Each record that follows is to be duplicated exactly, though its pictures are not.

═══ DATA TO USE ═══

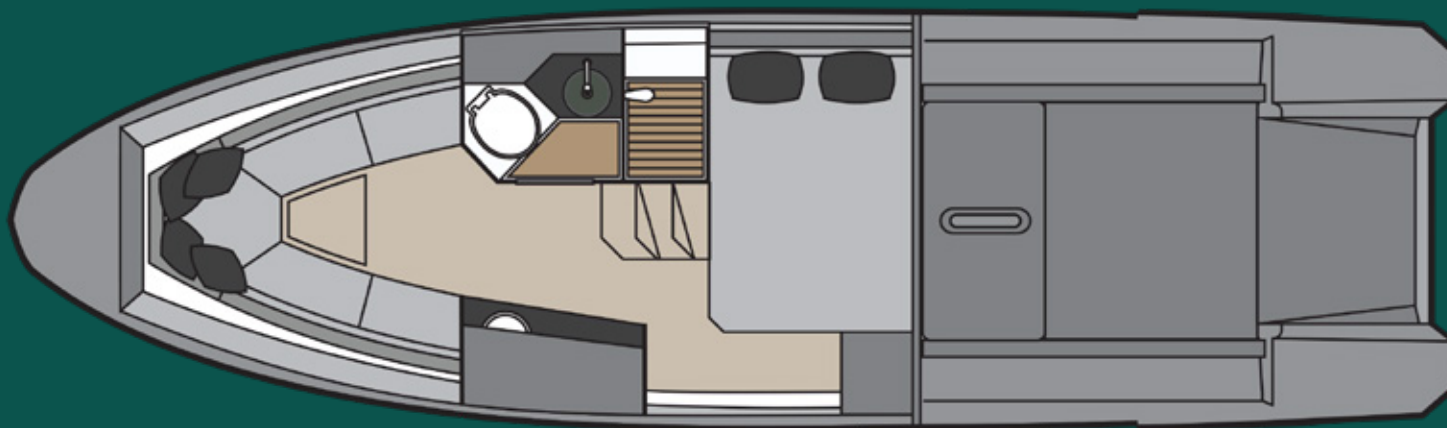

HULL AND COCKPIT
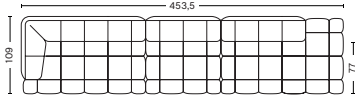

COMBINATION 14 | LEFT

DIMENSIONS

W453,5 x D109 x H72 cm
Seat H41 cm
Seat D77 cm
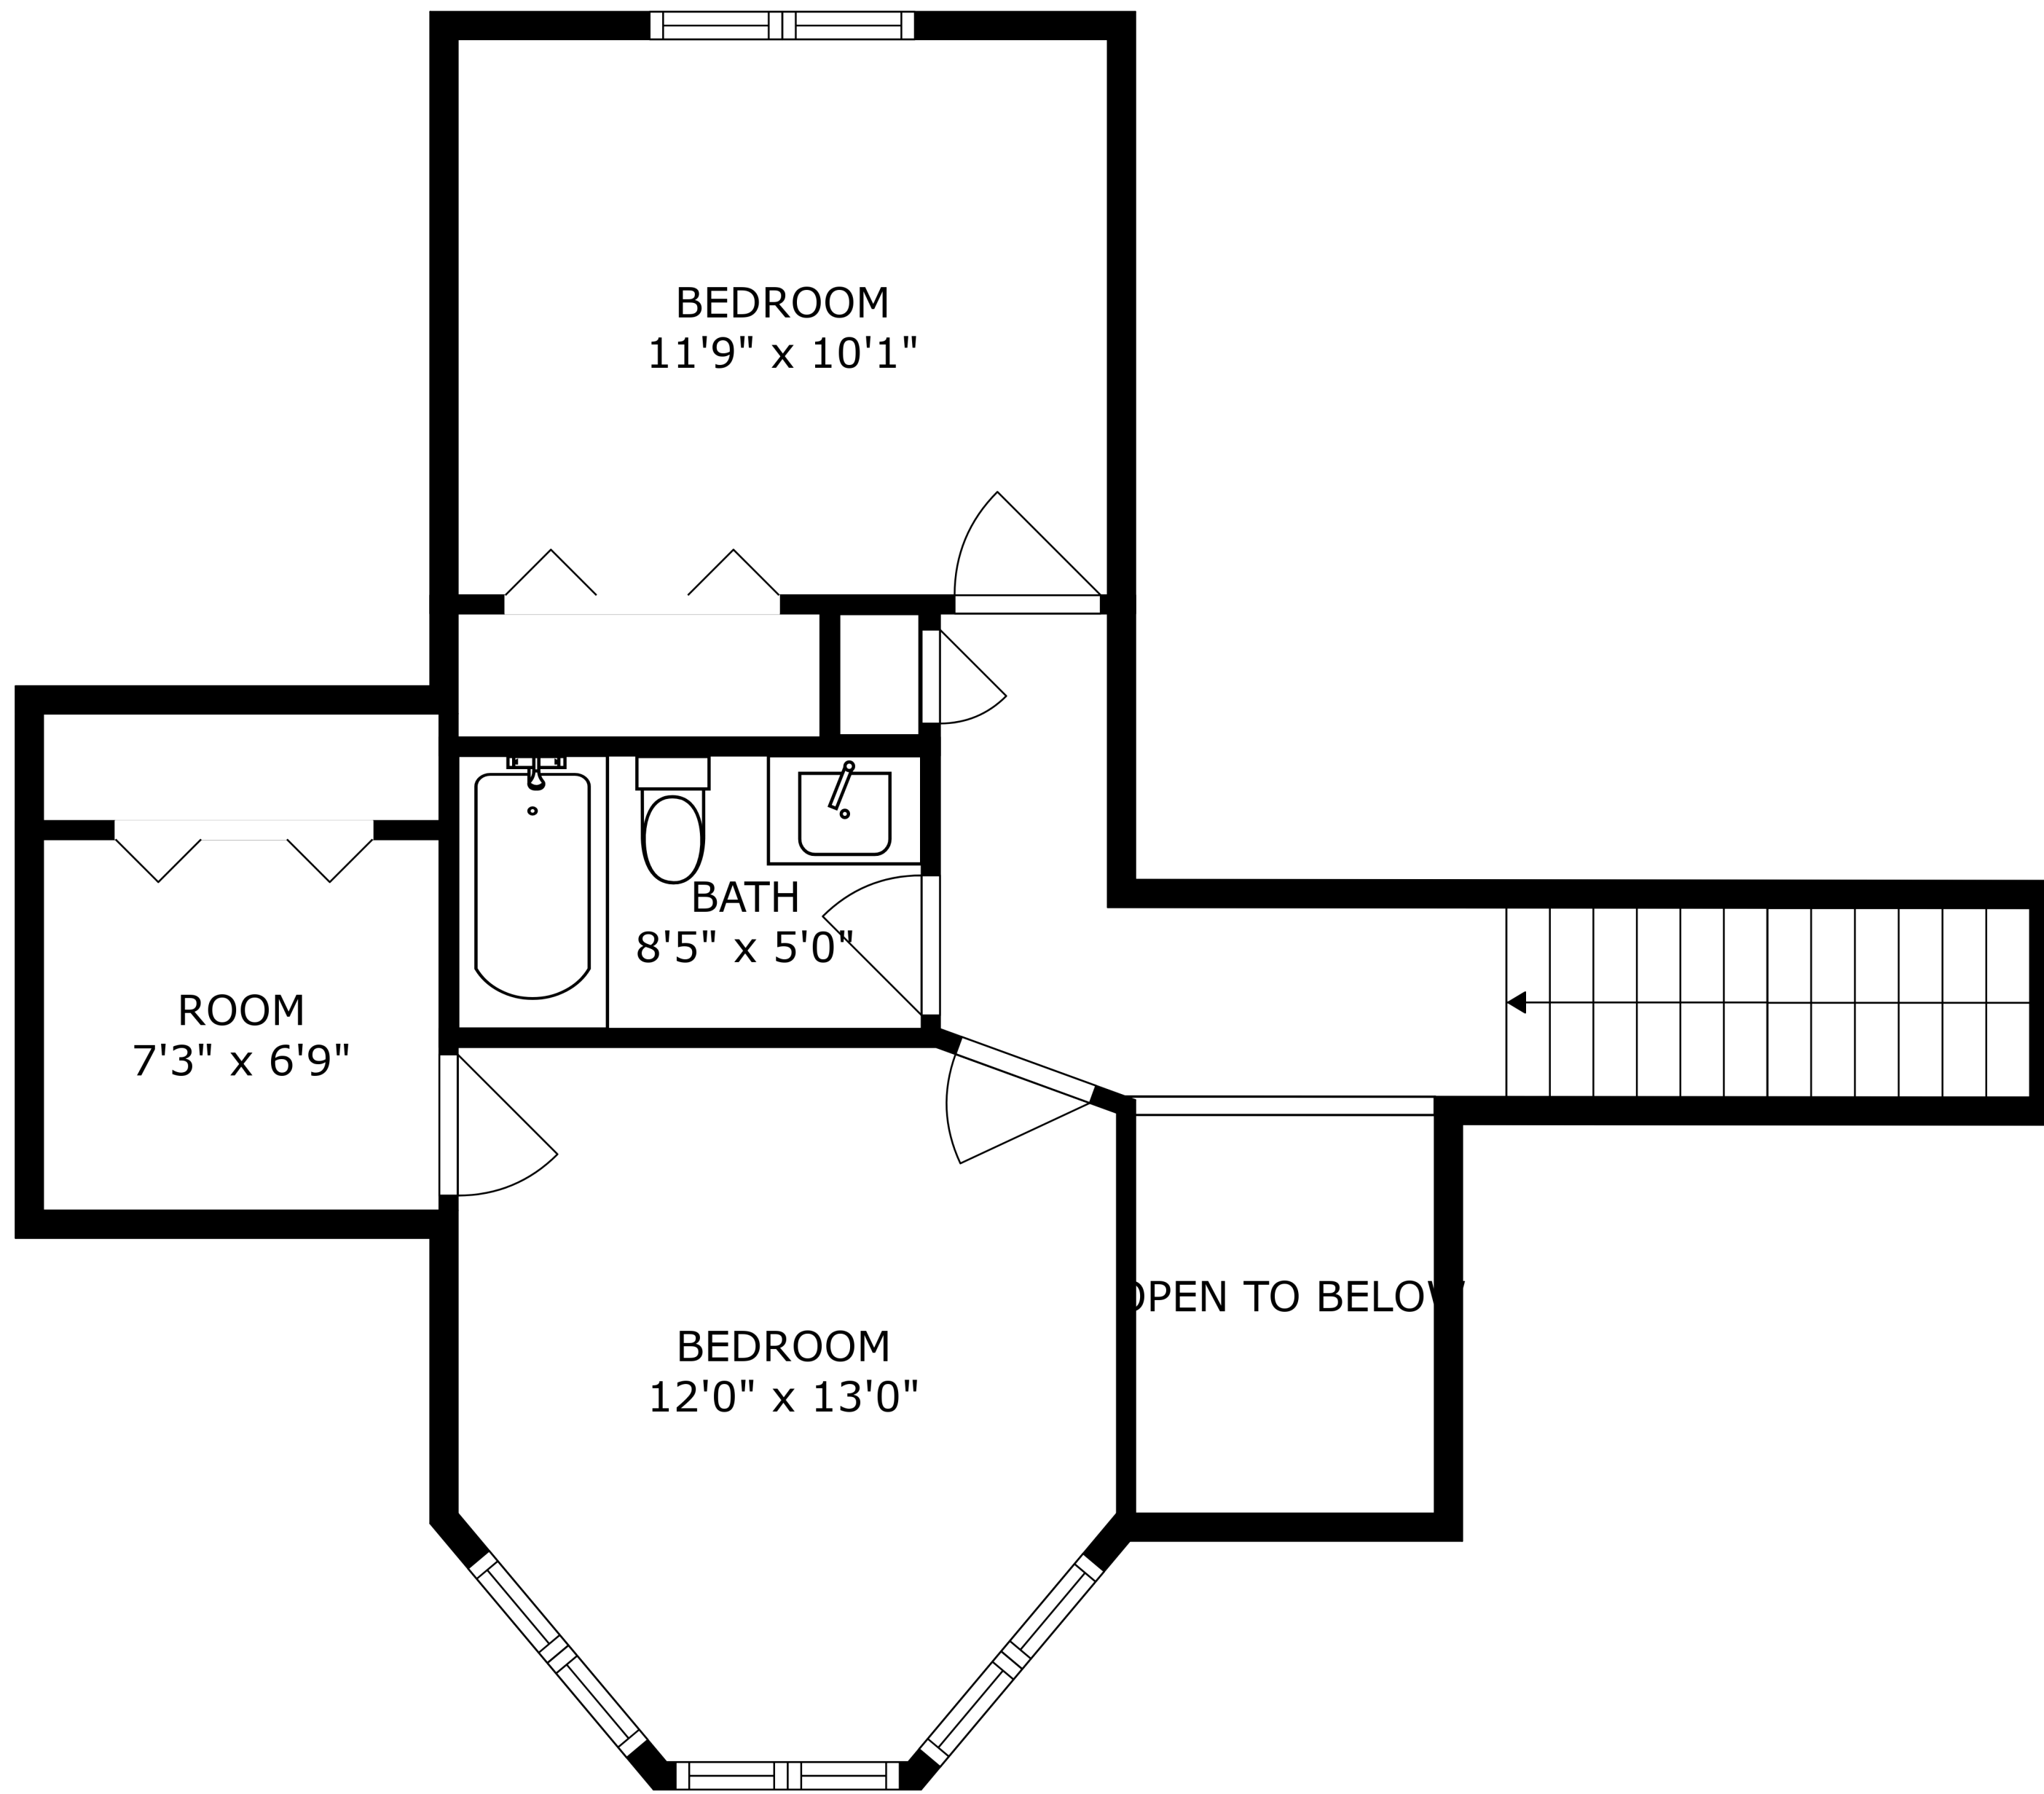

SIZES AND DIMENSIONS ARE APPROXIMATE, ACTUAL MAY VARY.

SIZES AND DIMENSIONS ARE APPROXIMATE, ACTUAL MAY VARY.

PATIO  
31'10" x 18'4"

SIZES AND DIMENSIONS ARE APPROXIMATE, ACTUAL MAY VARY.

SIZES AND DIMENSIONS ARE APPROXIMATE, ACTUAL MAY VARY.

═══

• _RESPONSE TO THE EXERCISE_
HULL AND COCKPIT

COMBINATION 14 | LEFT

DIMENSIONS

W453,5 x D109 x H72 cm
Seat H41 cm
Seat D77 cm

SIZES AND DIMENSIONS ARE APPROXIMATE, ACTUAL MAY VARY.

SIZES AND DIMENSIONS ARE APPROXIMATE, ACTUAL MAY VARY.

PATIO  
31'10" x 18'4"

SIZES AND DIMENSIONS ARE APPROXIMATE, ACTUAL MAY VARY.

SIZES AND DIMENSIONS ARE APPROXIMATE, ACTUAL MAY VARY.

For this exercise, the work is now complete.